Ich habe für meinen Server einen neuen Kühler (ok fast neu )  
dummerweise habe ich kein WLP da 
ABER ich habe noch ca 5Gramm Wärmeleitpaste die *räusper* an der Arbeit nicht mehr benötigt werden.

DIese Paste wird normalerweise für Temperatur fühler an Heizungsrohren benutzt

auf der packung steht jeweils
SP1-1
Wärmeleitpaste, abgefüllt
Inhalt: 1g

kann ich diese Paste benutzen?
CPU ist ein Athlon Mobiel 950Mhz also kein wirklicher hitzkopf ^^


----------



## King-of-Pain (17. Dezember 2005)

*AW: Wärmeleitpaste frage*



			
				King-of-Pain am 17.12.2005 17:36 schrieb:
			
		

> Ich habe für meinen Server einen neuen Kühler (ok fast neu )
> dummerweise habe ich kein WLP da
> ABER ich habe noch ca 5Gramm Wärmeleitpaste die *räusper* an der Arbeit nicht mehr benötigt werden.
> 
> ...



keiner ne idee?

ich glaube ich werde es gleich mal mit der paste ausprobieren

irgendjemand einwende?


----------



## butt3rkeks (17. Dezember 2005)

*AW: Wärmeleitpaste frage*



			
				King-of-Pain am 17.12.2005 18:50 schrieb:
			
		

> King-of-Pain am 17.12.2005 17:36 schrieb:
> 
> 
> 
> ...



Nö einwände keine aber poste nen Pic vom Ergebnis


----------



## King-of-Pain (17. Dezember 2005)

*AW: Wärmeleitpaste frage*



			
				butt3rkeks am 17.12.2005 18:53 schrieb:
			
		

> King-of-Pain am 17.12.2005 18:50 schrieb:
> 
> 
> 
> ...



ich haue nicht die gesammte 5 gramm rauf wenn du das meinst


----------



## bierchen (17. Dezember 2005)

*AW: Wärmeleitpaste frage*



			
				King-of-Pain am 17.12.2005 18:50 schrieb:
			
		

> irgendjemand einwende?


Mein Einwand ist, dass man "Einwände" mit "ä" schreibt.    

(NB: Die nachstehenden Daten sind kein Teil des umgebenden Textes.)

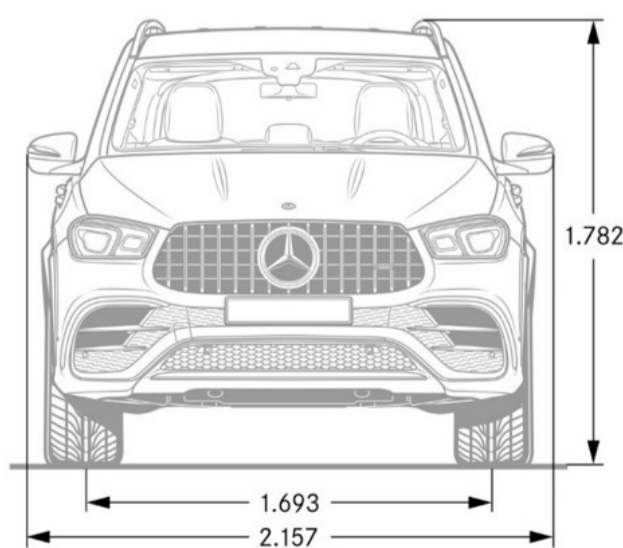

Chassis

Drivetrain

Transmission AMG SPEEDSHIFT TCT 9-speed automatic transmission

Drive Configuration All-wheel drive

Engine

Engine Configuration Handcrafted AMG 4.0L V8 Bi-Turbo Engine

ICE Power (hp) 603 hp

Torque (lb-ft) 627 lb-ft

Compression Ratio 10.5 : 1

Fuel Requirement (Octane) 91

Fuel Tank Size (gallons) 22.5

Displacement (cc) 3,982

Performance

Acceleration 0-60pmg (sec) 3.7

Top Speed (mph) 174

Transmission Speeds 9

Electric Motor (hp), System Output (hp) 21

Electric Motor (lb-ft), System Torque (lb-ft) 184

Maximum Load (lbs) TBD

Towing Capacity (lbs) 7,700 lbs

Fuel Economy

City Fuel Economy TBD

Highway Fuel Economy TBD

Emission Certification TBD

Exterior Dimensions

Vehicle Length (in.) 190

Vehicle Height (in.) 70.2

Vehicle Width w/ exterior mirrors (in.) 84.9

Wheelbase (in.) 117.9

Curb Weight (lbs) TBD

Track Width Front/Rear (in.) 66.65/67.72

Interior Dimensions

Cargo Capacity TBA

Trunk Size TBA

Ansonsten, kann ich Dir hier nicht weiterhelfen. Solltest DIch vielleicht noch schlau machen, ob die Paste stromleitend ist. Wenn, dann ist das schlecht.

Ach, probiers aus und sag uns Bescheid.


----------



## butt3rkeks (17. Dezember 2005)

*AW: Wärmeleitpaste frage*



			
				King-of-Pain am 17.12.2005 18:56 schrieb:
			
		

> butt3rkeks am 17.12.2005 18:53 schrieb:
> 
> 
> 
> ...



Man erinnere sich an meine DAU-TAbelle


----------



## King-of-Pain (17. Dezember 2005)

*AW: Wärmeleitpaste frage*



			
				bierchen am 17.12.2005 18:57 schrieb:
			
		

> King-of-Pain am 17.12.2005 18:50 schrieb:
> 
> 
> 
> ...



das problem ist das ich keine ahnung habe wo ich das rausfinden kann

und wenn die Paste leitet und die CPU schrott ist habe ich ein problem da die Fest mit den Mainbord Verlötet ist

ich weis noch das die Paste bei einer Buderus Heitzung über war aber mehr auch nicht


----------



## King-of-Pain (17. Dezember 2005)

*AW: Wärmeleitpaste frage*



			
				King-of-Pain am 17.12.2005 19:00 schrieb:
			
		

> bierchen am 17.12.2005 18:57 schrieb:
> 
> 
> 
> ...



so gestartet ist er

Everest zeigte erst 43° an jetzt 14° steigend

vorher lief er auf ca 30°

bilder und genaue temps gibs in ner halben stunde ^^


----------



## King-of-Pain (17. Dezember 2005)

*AW: Wärmeleitpaste frage*



			
				King-of-Pain am 17.12.2005 19:27 schrieb:
			
		

> King-of-Pain am 17.12.2005 19:00 schrieb:
> 
> 
> 
> ...



hmm 40° 
kann es sein das die WLP so schlecht ist?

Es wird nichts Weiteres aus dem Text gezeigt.